Feel a bit guilty now.

But there's also the control thing. She is definitely wearing the trousers. How do I gain more control of being clearly angry and telling her off doesn't work. There's no chance of her sitting on a naughty step. Although I admit I've never tried that kind of thing.

Bellyrub1980 Thu 14-Apr-16 20:52:58

Thank you for even more replies! It's good to know it's pretty common.

Will definitely check out that book, thank you!

MrsBobDylan Thu 14-Apr-16 21:09:30

Laughing in your face when you're giving good angry face and voice is very normal. Anger is an energy and your daughter is reacting to it because it's exciting and funny for her at her stage of development.

My two nt child both did it and people often tell me how well behaved they are now.

I would just take away the dangerous item, very calmly tell her no she can't climb on the work tops etc and then get on with whatever else you need to do. then use a big bright voice and ask if she wants to do something exciting <insert helping mummy put a wash on, build a tower from bricks, go in the garden to look for ants etc>.

You sound like you are doing absolutely fine!

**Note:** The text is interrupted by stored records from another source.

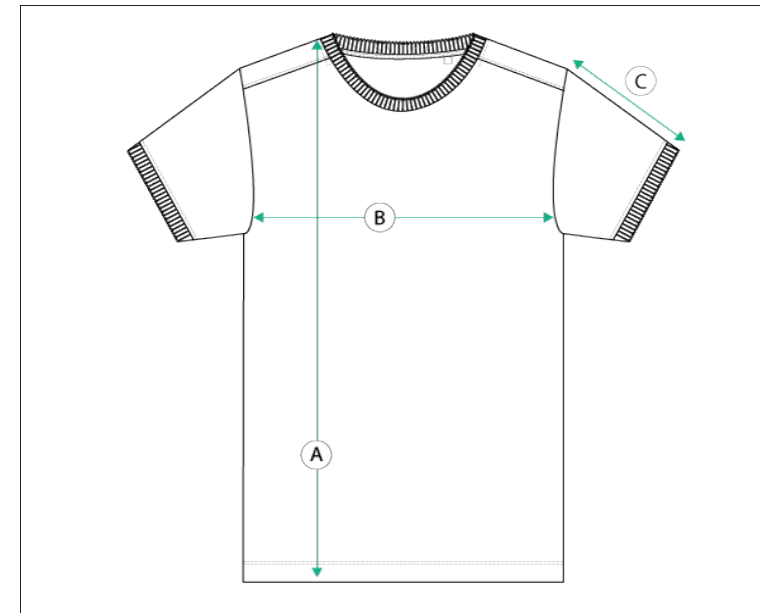

SC 231.1

BRAVE T-Shirt Men

		S	M	L	XL	XXL	3XL
A	Gesamtlänge <i>total length</i>	70	72	74	76	78	80
B	Brustweite <i>Chest width</i>	48	51	54	57	61	65
C	Ärmellänge <i>Sleeve length</i>	21	22	23	24	25	27

Körpermaße in cm.

Die Maße sind Richtwerte und können produktionsbedingt abweichen. Toleranz ca. +/- 3%

Für mehr Informationen zu unseren Größen erreichst Du uns unter info@sonar-clothing.de

Material / material

100% Carded cotton

175 gsm, Single Jersey

Pflegehinweise / care instructions

40°C Schonwaschgang

Nicht bleichen/ chlören

Nicht Trockner geeignet

Bügeln mit mäßiger Temperatur (max.150°C)

Nicht reinigen

gültig für den unveredelten Artikel

valid for the unfinished article

Veredlung / Decoration

geeignet / suitable

Siebdruck / screenprinting

Transferdruck / Heattransfer Print

Digitaler Direktdruck / DTG

Sublimation / sublimation print

Stickerei / embroidery

Die Angaben sind nicht verbindlich. Bitte führen Sie Tests auf eigenen Maschinen durch.

The suitability for the finishing processes are not binding. Please run tests on your own machines.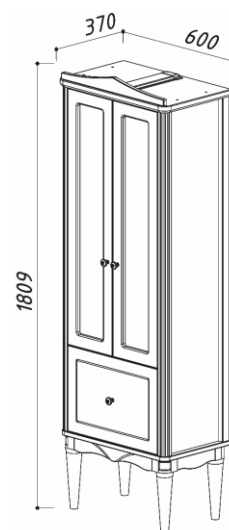

CABINET VERDI P60-01

- Cabinet Verdi P60-01

4810924225009

796 eur 600 x 370 x 1809

x5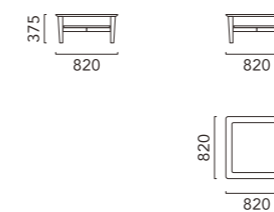

L type R + L type Lx2 + I typex2 + Back Cushionx2 (Fabric)
L type Wood basex2 + I type Wood base + SKIP4 TABLE Side (DB)
(Cushion : OPTION)

背クッション

[SKIP 4 TABLE]

LAYOUT PATTERN

TABLE

TV BOARD

ACCESSORY

LT01

エルティール 01

木とガラスの異素材を組み合わせた棚板付きのリビングテーブルです。
棚板に置いた観葉植物や雑誌などが、天板のクリアガラスからさりげなく見える構造になっています。
高さの異なるアイテムを組み合わせれば、立体的でいて個性的なコーディネートが楽しめます。

Circle 850 (WO)
Circle 550 (WO)

Square 820 (WO) | Square 620 (WN) | Square 420 (WO)
Circle 850 (WO) | Circle 550 (WN) | Circle 450 (WO)

TECHNICAL DRAWINGS

Scale 1/100 (mm)

スクエア 820

スクエア 620

スクエア 420

サークル 850

サークル 550

サークル 450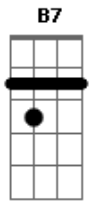

© ukulele-chords.com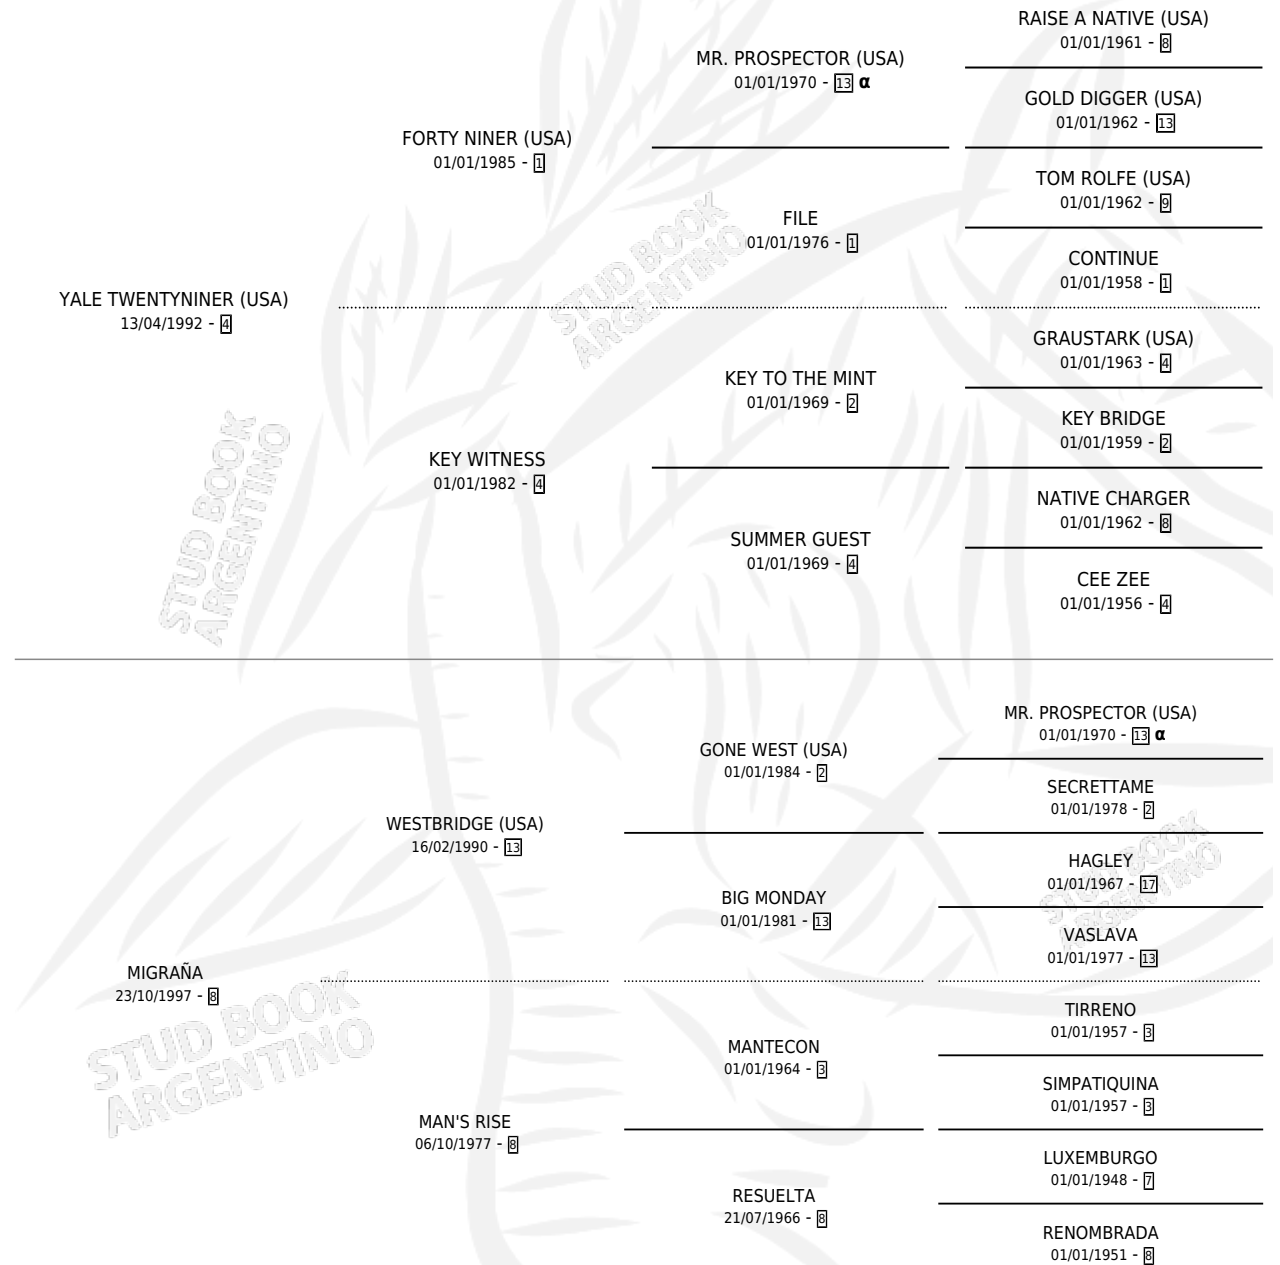

MI GRAN YALE

por YALE TWENTYNINER (USA) y MIGRAÑA por WESTBRIDGE (USA)

Argentina · Macho · Zaino · SP · 17/08/2003
Familia 8-k · Volumen 38

ESTADO

TIPIFICACIÓN SANGUÍNEA	X
TIPIFICACIÓN POR ADN	X
PASAPORTE	X
IDENTIFICACIÓN POR MICROCHIP	X
REPRODUCTOR	X

Lugar de nacimiento: Dilu
Criador: Haras Dilu S.A.

PEDIGREE

INBREEDING : α

MI GRAN YALE

Datos oficiales del Stud Book Argentino

Documento generado el 12/06/2026

studbook.org.ar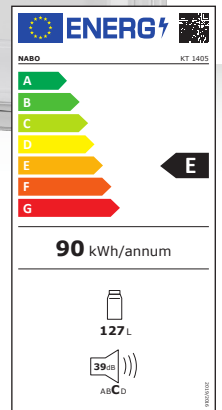

KT 1405

Tischkühlschrank | E

PRODUKTMERKMALE

- Stylisher Innenbeleuchtung
- Mech. Temperaturregelung
- Komfortabler Türgriff
- Umschlagbare Tür
- 1 Gemüselade mit Sicherheitsglasabdeckung
- 2 Ablagefächer aus Sicherheitsglas
- 3 Türfächer
- Einstellbare Füße
- Farbe: Weiß

LEISTUNGSDATEN

- Nettoinhalt Kühlteil 127 L
- Energieverbrauch: 90kWh /Jahr
- Geräuschpegel: C | 39dB(A)
- Klimaklasse: N, ST
- Kältemittel R600A

MASSE & GEWICHT

- Maße (BxHxT): 550x850x580 mm
- Maße Verpackung (BxHxT): 570x885x588 mm
- Gewicht: 26kg | 28kg
- EAN: 9120095794392
- Art. Nr.: 5002231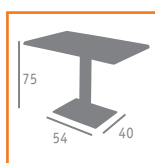

Ref. 4640

▲ MESA MOD. ÉPOCA
FUNDICIÓN HIERRO
COLUMNA MADERA
TABLERO NOGAL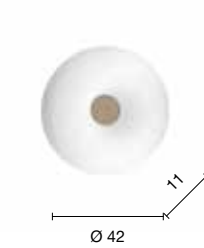

PL.DODI/42

3 x E27
220-230V

plafoniera
ceiling light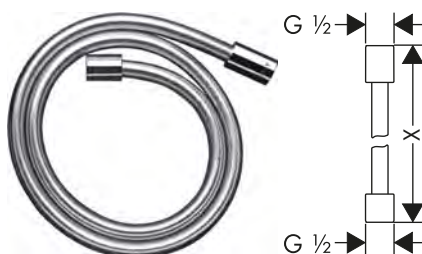

dado cilindrico su entrambi i lati

Certificati/dichiarazioni

Panoramica delle varianti

Dadi flessibile doccia	Lunghezza (m)	Finitura	Art. Nr.	Euro
conico su entrambi i lati	2,00	● Cromo	28624000	40,86
		● Nero Opaco	28624670	56,04
		● AXOR FinishPlus*	28624XXX	61,30

Le misure all'interno dei disegni in scala sono espresse in mm. Specifiche tecniche e unità di misura sono soggette a modifiche.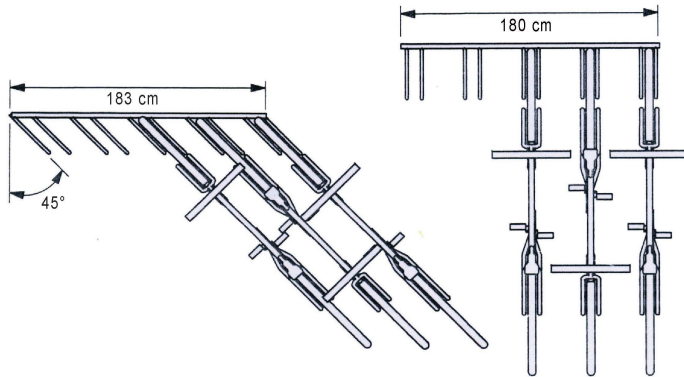

Range vélos mural

Référence:
VE5080_1

fabrication française

☆ garantie 3 ans

Plans cotés

Description

Ce range-vélos mural est une solution pratique pour stocker jusqu'à 5 vélos contre un mur. Il est fabriqué en tube d'acier zingué Ø 1,6 cm, et proposé en deux versions : droite ou inclinée à 45° pour optimiser l'encombrement.

Idéal pour les garages, locaux vélos ou espaces couverts, il se fixe facilement au mur.

Dimensions :

- Longueur : 183 cm
- Profondeur : 27 cm
- Hauteur : 32 cm

Dimensions

- Longueur : 180.00 cm
- Poids : 9.80 kg

Variantes du produit

REF	Forme
VE5080	Modèle droit
VE5081	A 45°

Vous souhaitez plus de choix sur ce produit ? Consulter notre [site web](http://declic.fr)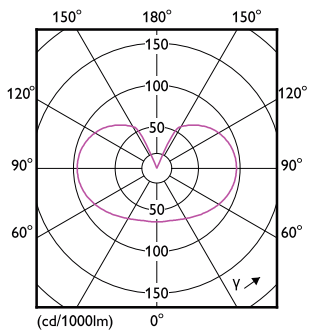

LEDbulb 8,5W E27 A60 FR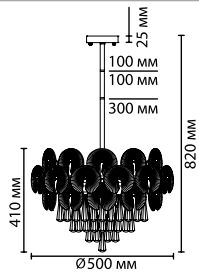

4984/8
8 × E14 × 40W
крепёж: планка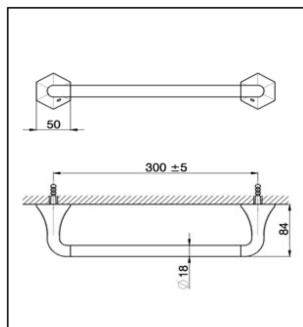

Percha CHERIE_CE090710

MODELO **CE090710**

Percha

ACABADOS DISPONIBLES

-  **21** 21 Cromo
-  **24** 24 Oro
-  **2B** 2B Niquel Brillo
-  **2P** 2P Oro Rosa

CARACTERÍSTICAS

Percha CHERIE_CE090710

cisal

CE 09010 0 (CE 09010 2 - CE 09040 0 - CE 09071 0)

NR	DESCRIZIONE DESCRIPTION DESCRIPTION BESCREIBUNG DESCRIPCIÓN	N.CODICE NR.CODE CODE NO. WERSKNR. N.CÓDIGO	NR	DESCRIZIONE DESCRIPTION DESCRIPTION BESCREIBUNG DESCRIPCIÓN	N.CODICE NR.CODE CODE NO. WERSKNR. N.CÓDIGO	NR	DESCRIZIONE DESCRIPTION DESCRIPTION BESCREIBUNG DESCRIPCIÓN	N.CODICE NR.CODE CODE NO. WERSKNR. N.CÓDIGO
	Set di fissaggio saliscendi Set installation pour barre de douche							
1	Installation set for sliding shower Befestigungssatz fuer Brause Wandstange Juego de fijación barra deslizando	ZZ949740						
	Grano punta coppa inox M.5x6 Vis speciale inox M.5x6							
1-1	Screw-stainless steel M.5x6 Madenschraube M.5x6 Clavija con punta copa acero inoxidable M.5x6	ZZ940630						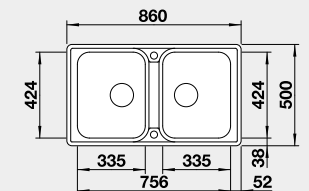

525 331

430 €

Výrez: 840 x 480, R15
Hĺbka vaničky: 205/205 mm

80 cm Rozmer skrinky

BLANCO ANDANO XL 6 S-IF Compact – s excentrom*

IF – plochý okraj

Prevedenie

hodvábný lesk PRAVÝ
hodvábný lesk ĽAVÝ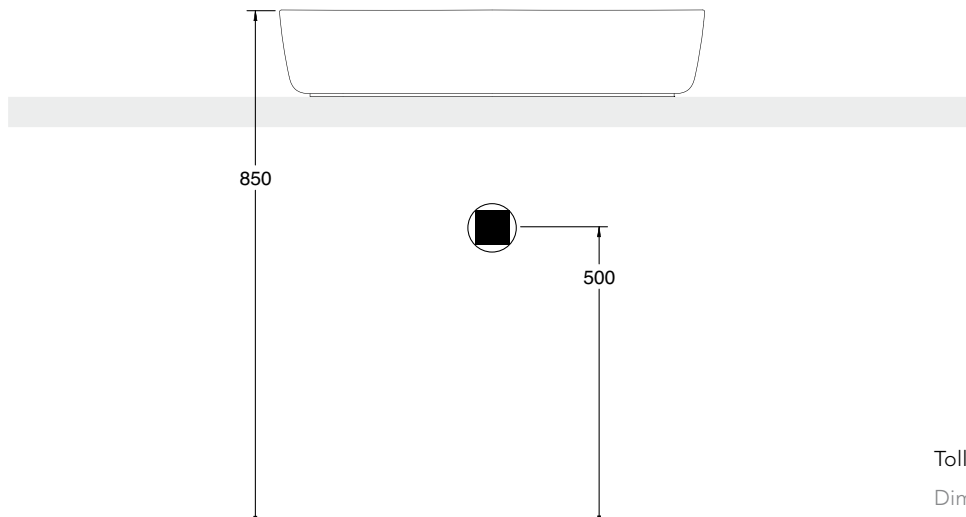

MIZU 70 + cover

Art. 9003 - 70 x 45 Cm - 20 Kg - 16,5 L.

Lavabo da appoggio

Lay-on washbasin

Lavabo à poser

Aufsatzwaschbecken

Lavabo de apoio

Раковина умывальника накладная

Tolleranza dimensioni  $\pm 5\%$

Dimension tolerance  $\pm 5\%$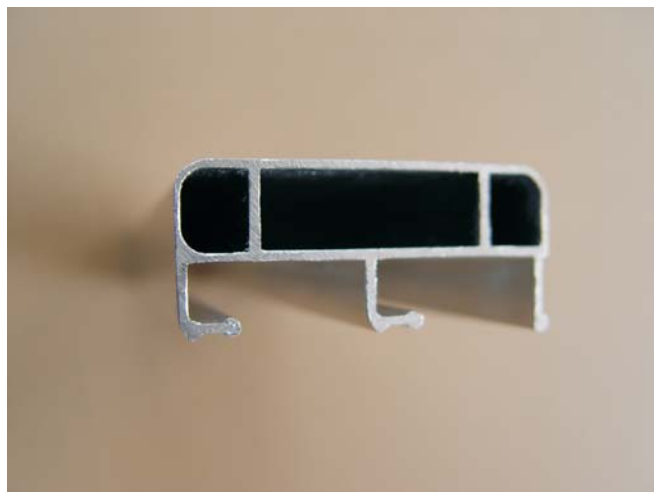

Hlavní vodící profil - 2 drážky
11125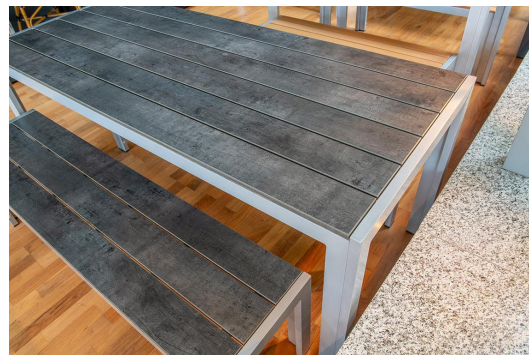

TABLE À MANGER TORGER T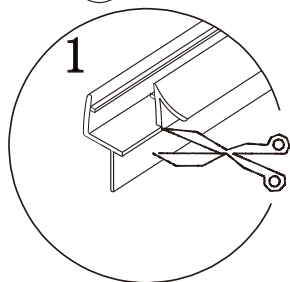

Před montáží zkontrolujte všechny díly a součásti.

UPOZORNĚNÍ: montáž musí provádět dvě osoby

1

nástěnnou lištu upevněte 15mm od
hrany sprchového koutu nebo vaničky

2

3

Během instalace ponechejte rohové chrániče, které brání poškození skla.

4

5

6

7

8

9

10

Silikon je nutné aplikovat mezi veškeré spoje a nechat 24 hodin vytvrdnout.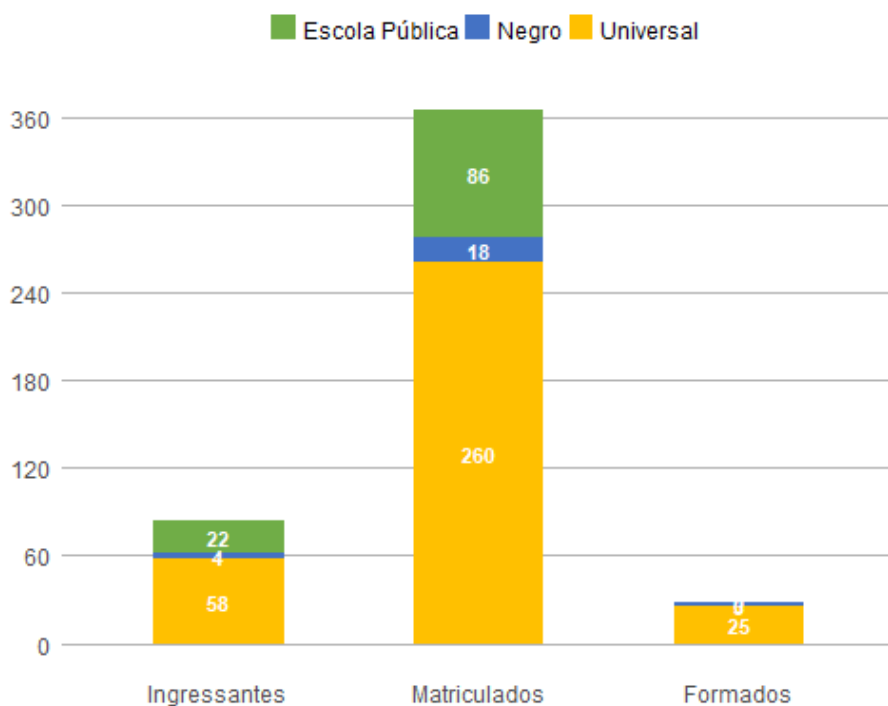

Universal	58	260	25
Total	84	364	28

Perfil dos estudantes por forma de ingresso

Forma de Ingresso no Curso	Ingressantes	Matriculados	Formados
ENEM	2	7	2
Matricula Cortesia	0	1	0
Mudanca de Curso	0	1	0
PAS	37	98	3
Portador Diploma Curso Superior	6	6	0
Registro de Diploma	0	1	0
Reintegracao	0	1	0
SISU	19	68	1
Transferencia Obrigatoria	0	1	0
Vestibular	20	181	22
Total	84	365	28

Perfil dos estudantes por forma de saída

Forma de Saída do Curso	Ingressantes	Matriculados	Formados
Deslig - Não Cumpriu condicao	0	10	0
Desligamento - Abandono	2	6	0

Iwillorderthefood Thu 14-Apr-16 21:21:06

I have just started removing her, or the object from the situation. For example if she's messing around and running off in a shop and not holding my hand, she will go into the buggy (no argument). She sometimes sits on a normal chair at mealtimes, if she starts to mess about she gets put in the high chair and strapped in immediately. I think actions speak louder than words at this stage. They will hopefully get the message that certain behaviour is not desirable. Well that's the
plan anyway. Only time will tell. The phase will pass.

Bellyrub1980 Fri 15-Apr-16 07:27:34

Thank you... I hope so! She is currently eating her porridge saying "Baaaaaa!!" in her loudest voice because they are on Hey Dougie.

Love her

Fraggled Fri 15-Apr-16 07:33:08

Totally, 100% normal in my experience. And just when you think it can't get worse they turn 2 and it steps up a gear!!

But you do learn lots of tactics to deal with it and I found 27 months a turning point with mine. They somehow became easier to negotiate with at that point!

Maisy313 Fri 15-Apr-16 08:21:28

Just lf say also get the laughing when being told off thing, and I've seen it in plenty of playgroup situations when involving v young children. I have no advice but I hear you!

LittleBearPad Sun 17-Apr-16 09:55:31

Stay calm and don't chase her rather than showing you're cross. If you show the naughtiness is boring but good behaviour gets lots of attention then she may behave better just to get more attention.